### Exercise
Nothing but the images is to be left out of your exact copy of the entries.

Dataset records
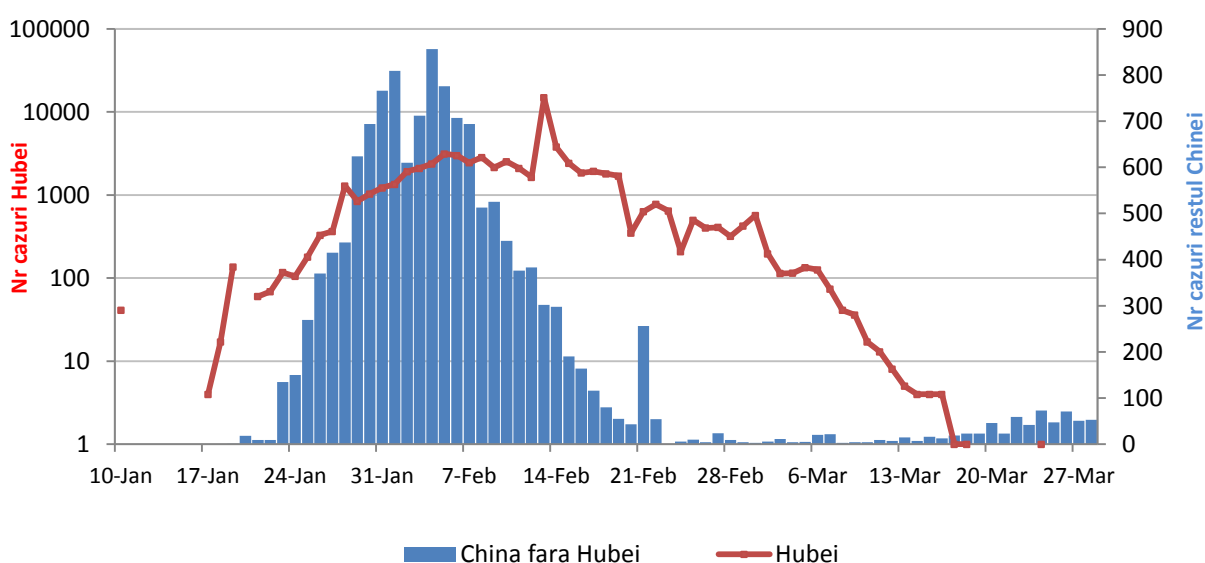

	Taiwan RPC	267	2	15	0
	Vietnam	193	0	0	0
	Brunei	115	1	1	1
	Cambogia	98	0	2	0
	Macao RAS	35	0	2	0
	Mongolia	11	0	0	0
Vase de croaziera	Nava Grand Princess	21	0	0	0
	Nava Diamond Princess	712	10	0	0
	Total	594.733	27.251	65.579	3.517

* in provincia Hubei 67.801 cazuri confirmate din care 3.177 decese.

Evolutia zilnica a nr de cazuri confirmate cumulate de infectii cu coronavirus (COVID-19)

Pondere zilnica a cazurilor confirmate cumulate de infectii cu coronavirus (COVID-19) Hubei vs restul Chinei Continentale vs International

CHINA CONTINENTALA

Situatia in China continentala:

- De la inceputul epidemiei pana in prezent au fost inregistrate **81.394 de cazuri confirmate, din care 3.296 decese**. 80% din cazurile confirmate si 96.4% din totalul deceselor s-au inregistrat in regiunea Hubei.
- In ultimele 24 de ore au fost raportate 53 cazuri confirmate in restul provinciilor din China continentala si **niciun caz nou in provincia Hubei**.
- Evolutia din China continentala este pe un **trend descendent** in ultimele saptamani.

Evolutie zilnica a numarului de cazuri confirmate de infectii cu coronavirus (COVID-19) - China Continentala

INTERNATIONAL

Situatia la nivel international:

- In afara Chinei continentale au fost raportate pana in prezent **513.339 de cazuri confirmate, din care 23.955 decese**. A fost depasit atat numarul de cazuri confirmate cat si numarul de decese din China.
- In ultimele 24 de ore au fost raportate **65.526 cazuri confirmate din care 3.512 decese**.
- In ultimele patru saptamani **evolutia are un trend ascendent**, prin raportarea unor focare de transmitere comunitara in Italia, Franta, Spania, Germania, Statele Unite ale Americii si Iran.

### Result of this exercise
	Taiwan RPC	267	2	15	0
	Vietnam	193	0	0	0
	Brunei	115	1	1	1
	Cambogia	98	0	2	0
	Macao RAS	35	0	2	0
	Mongolia	11	0	0	0
Vase de croaziera	Nava Grand Princess	21	0	0	0
	Nava Diamond Princess	712	10	0	0
	Total	594.733	27.251	65.579	3.517

* in provincia Hubei 67.801 cazuri confirmate din care 3.177 decese.

Evolutia zilnica a nr de cazuri confirmate cumulate de infectii cu coronavirus (COVID-19)

Pondere zilnica a cazurilor confirmate cumulate de infectii cu coronavirus (COVID-19) Hubei vs restul Chinei Continentale vs International

CHINA CONTINENTALA

Situatia in China continentala:

- De la inceputul epidemiei pana in prezent au fost inregistrate **81.394 de cazuri confirmate, din care 3.296 decese**. 80% din cazurile confirmate si 96.4% din totalul deceselor s-au inregistrat in regiunea Hubei.
- In ultimele 24 de ore au fost raportate 53 cazuri confirmate in restul provinciilor din China continentala si **niciun caz nou in provincia Hubei**.
- Evolutia din China continentala este pe un **trend descendent** in ultimele saptamani.

Evolutie zilnica a numarului de cazuri confirmate de infectii cu coronavirus (COVID-19) - China Continentala

INTERNATIONAL

Situatia la nivel international:

- In afara Chinei continentale au fost raportate pana in prezent **513.339 de cazuri confirmate, din care 23.955 decese**. A fost depasit atat numarul de cazuri confirmate cat si numarul de decese din China.
- In ultimele 24 de ore au fost raportate **65.526 cazuri confirmate din care 3.512 decese**.
- In ultimele patru saptamani **evolutia are un trend ascendent**, prin raportarea unor focare de transmitere comunitara in Italia, Franta, Spania, Germania, Statele Unite ale Americii si Iran.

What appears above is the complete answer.